NEW YORK (AP) — A rail line that will let train passengers travel between midtown Manhattan and LaGuardia Airport will get started with the signature of legislation by New York Gov. Andrew Cuomo.

"How can you not have a rail train to the city from a New York airport? I mean, it's just incomprehensible, right?," the Democrat said Monday before signing the AirTrain construction bill into law after detailing the plans during an event at the World Trade Center in lower Manhattan.

The $1.5 billion plan calls for an elevated train line connecting the airport with the No. 7 subway and Long Island Rail Road stations in Queens at Willets Point, location of Citi Field, home of the New York Mets.

Officials said the new 1.5-mile (2.4-kilometer) line will get travelers to the airport in 30 minutes from either Penn Station or Grand Central Terminal in Manhattan. LaGuardia, the region's only airport without direct rail access, is undergoing a multibillion-dollar redevelopment of its aging terminals.

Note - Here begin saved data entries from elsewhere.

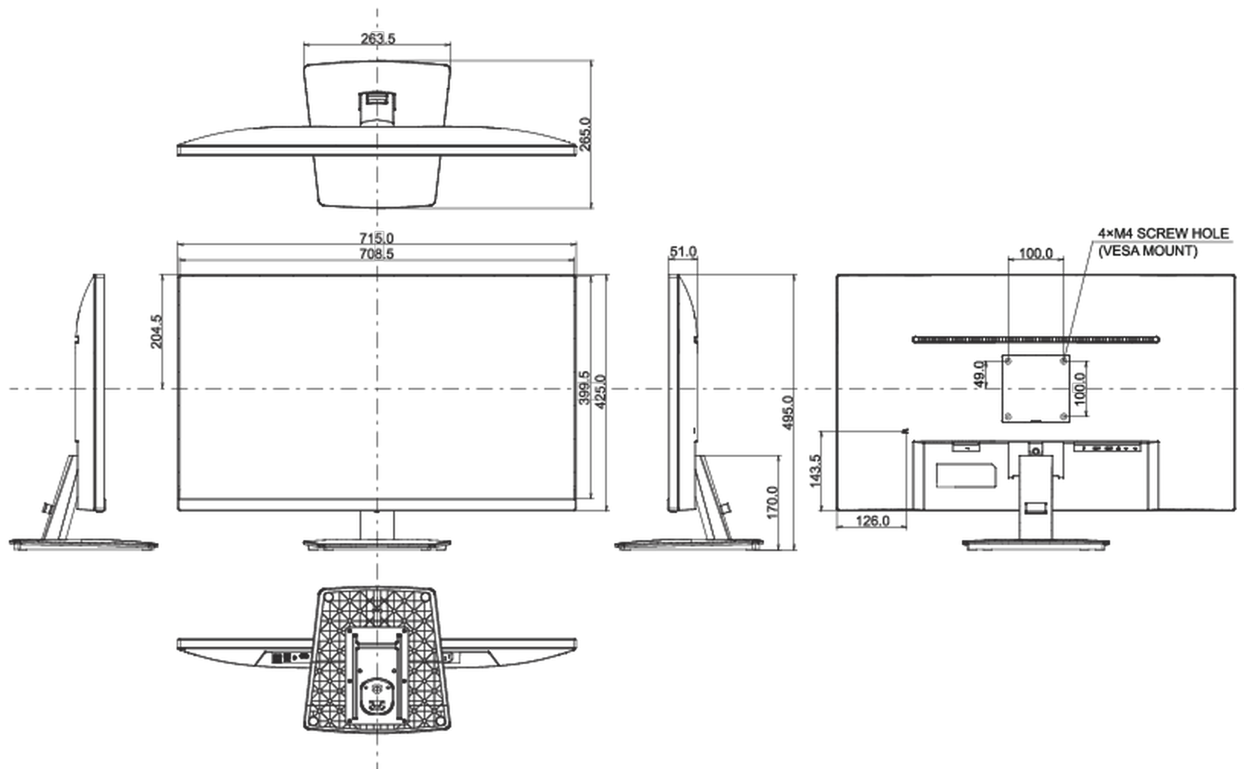

04 ASPECTOS MECÁNICOS

Soporte de altura regulable	inclinación
Soporte giratorio	90°; 45° izquierdo; 45° derecho
Ángulo de inclinación	23° arriba; 5° abajo
Montaje VESA	100 x 100mm
Sistema de gestión de cables	si

Producto dimensiones W x H x D	715 x 495 x 265mm
Dimensiones de la caja (ancho x alto x fondo)	797 x 487 x 123mm
Peso (sin caja)	5.6kg
Peso (con caja)	7.2kg
Código EAN	4948570120857

All trademarks and registered trademarks acknowledged. E & O E. Specification subject to change without notice. All LCD's comply with ISO-9241-307:2008 in connection with pixel defects.
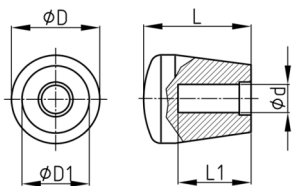

Produktgruppe KNFL

Knopf aus Polypropylen mit flachem Kopf und glattem Sackloch

Standardfarben

- schwarz

Material

- Grundkörper: Polypropylen (PP)

Bestellnummer	D	D1	d	L	L1
	mm	mm	mm	mm	mm
KNFL 45/ 8	25	15	8	45	38
KNFL 45/ 10	25	15	10	45	38

The train-to-the-airport measure, passed by the Legislature as it wrapped up its 2018 session last week, lays out a corridor where the rail line could be constructed while allowing for multiple potential alternatives to be considered as part of the environmental review process. That process, required under state law, will begin this year and be completed in 2019, officials said.

Construction is expected to begin in 2020, with the project's completion set for 2022, officials said.

Officials with the Port Authority of New York and New Jersey, the airport's operator, said the AirTrain will have two stops at LaGuardia, one at the Delta terminal and the other at the main terminal. Both are still under construction as part of the state's $8 billion rebuilding of an airport once compared by then-Vice President Joe Biden to a Third World facility.

Notorious for traffic jams that clog roads leading to the terminals, LaGuardia has needed direct train access for years, officials said.

"For too long, LaGuardia Airport has had the dubious distinction of being the only major East Coast airport without a rail link, and that is unacceptable," said Port Authority Executive Director Rick Cotton.

The legislation authorizes the state Department of Transportation to acquire publicly-owned land within the construction corridor once it's established. State officials said no private property would be impacted.